The PR template asks contributors to show evaluation, rigor, and adversarial evidence, and writing-skills explains RED/GREEN pressure testing for skill work. But contributors still have to infer how to package that evidence for reviewers across different change types.

That makes review harder than it needs to be: useful evidence can be buried in prose, a baseline can be missing, or a docs-only PR can overclaim behavior evidence it did not run. #1597 proposes standardizing this evidence before attempting larger workflow-state or preference features.

What does this PR change?

Adds docs/eval-evidence.md, a contributor-facing guide for packaging PR evidence. It defines a reusable evidence packet, a change-type evidence matrix, and short templates for runtime bugfixes, skill behavior changes, and docs-only guidance. It also links the guide from the README contribution steps and docs/testing.md.
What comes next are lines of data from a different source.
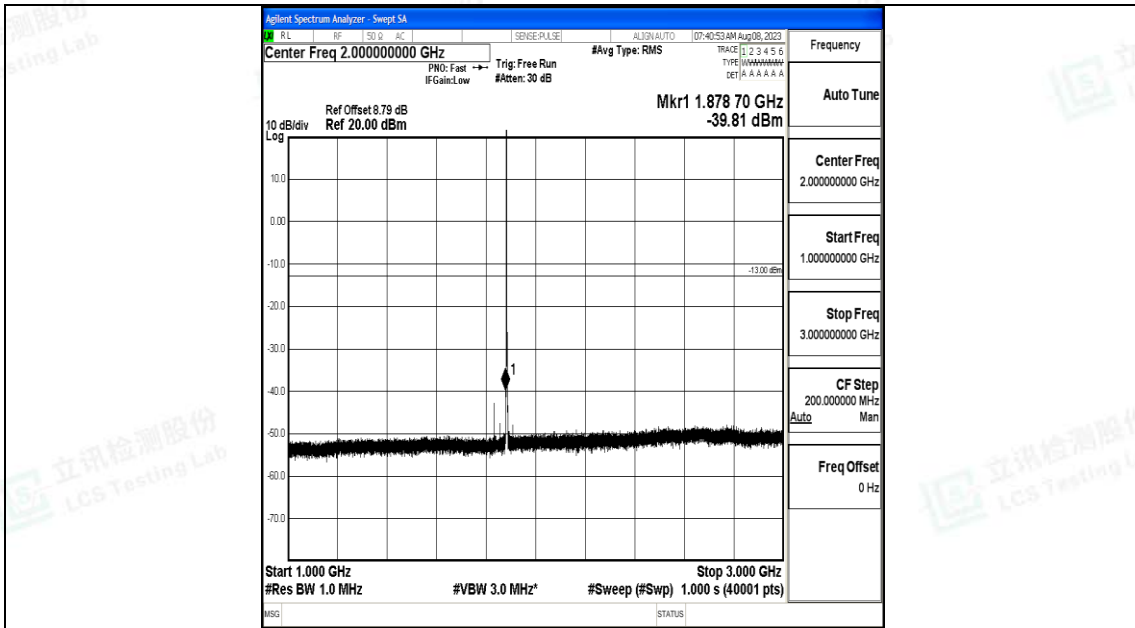

Band25_1.4MHz_16QAM_26365_1RB#0_30~1000_30~1000

Band25_1.4MHz_16QAM_26365_1RB#0_1000~3000_1000~3000
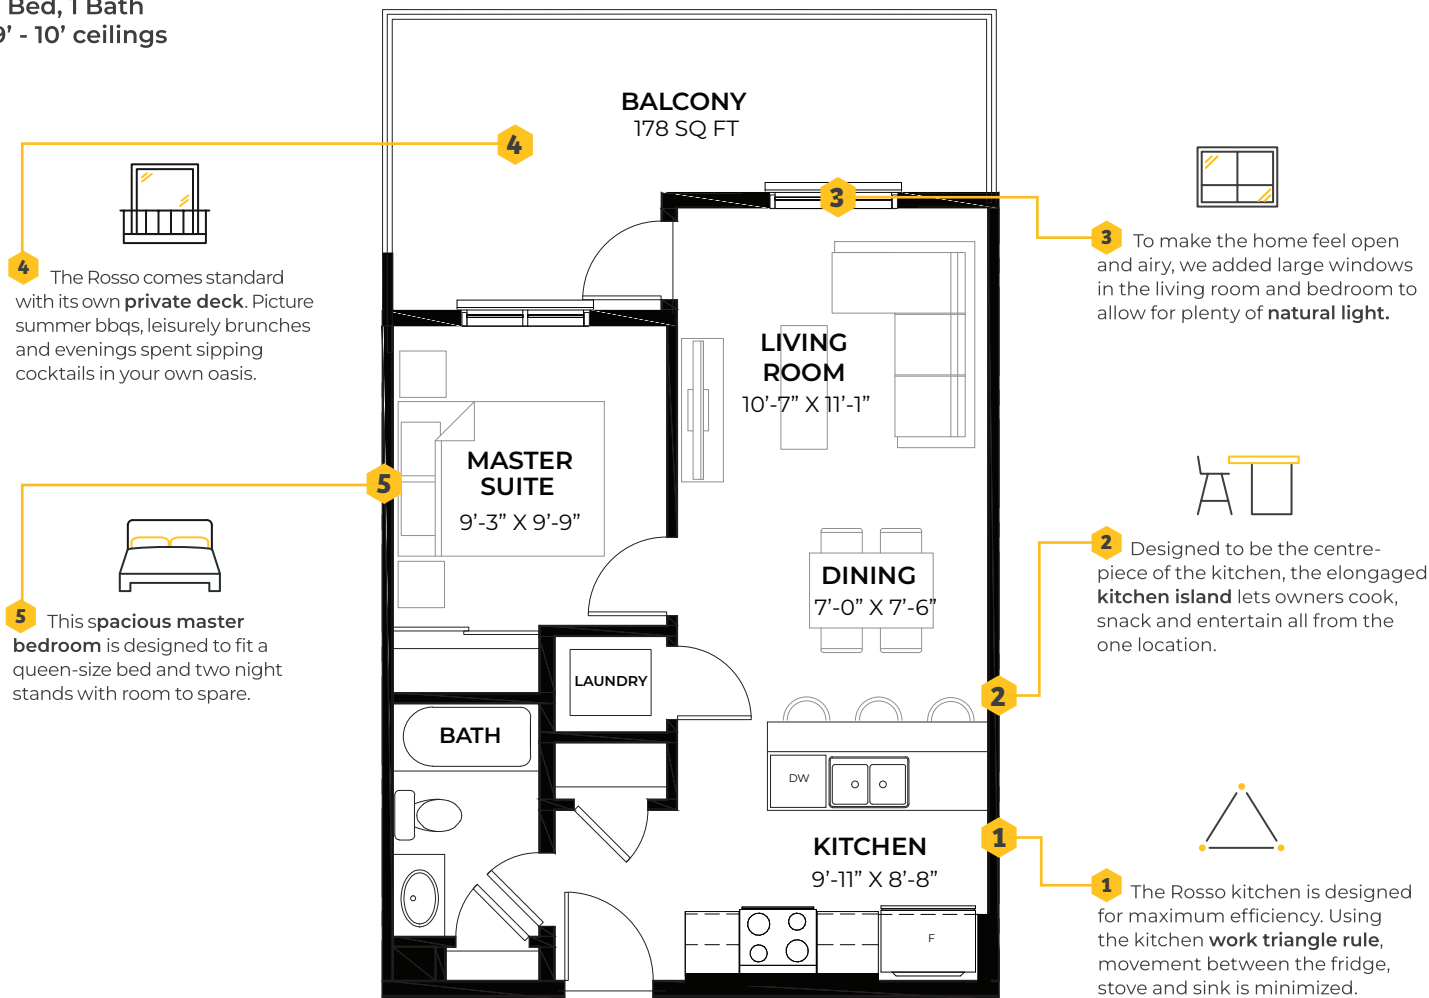

Main Features

Rosso A 536 sq ft
1 Bed, 1 Bath
9' - 10' ceilings

Why Rohit?

Our difference is in the designer details

Every element of our Designer Interiors has been added for a reason. From the light fixtures down to the hinges, everything in a Rohit Communities home works together so our customers can live in a space that looks amazing and makes everyday life easier through functional design. With over 30 years of experience building award-winning homes, we're pleased to offer designer homes that help everyone feel better about where they live.

• our homes have been purposefully designed
to help you feel better about where you live

RohitCommunities.com

• your designer homebuilder.

Is this change appropriate for the core library?

Yes. This is contributor infrastructure for all Superpowers changes. It is not project-specific, harness-specific, or tied to a third-party service, and it does not change runtime or skill behavior.

What alternatives did you consider?

  1. Put this directly in the PR template. Rejected because the PR template is already long and should stay focused on required fields. A separate guide can include examples without making every PR body heavier.
  2. Put this inside writing-skills. Rejected because the guidance applies to runtime bugs, hook/installer fixes, harness support, and docs-only contributor guidance, not only skill authorship.
  3. Wait for a workflow-state proposal. Rejected because evaluation packaging is useful immediately and is a lower-risk first step before larger state/preference work.
  4. Do nothing. Rejected because current evidence expectations exist, but the shape of a good evidence packet is still implicit.

Does this PR contain multiple unrelated changes?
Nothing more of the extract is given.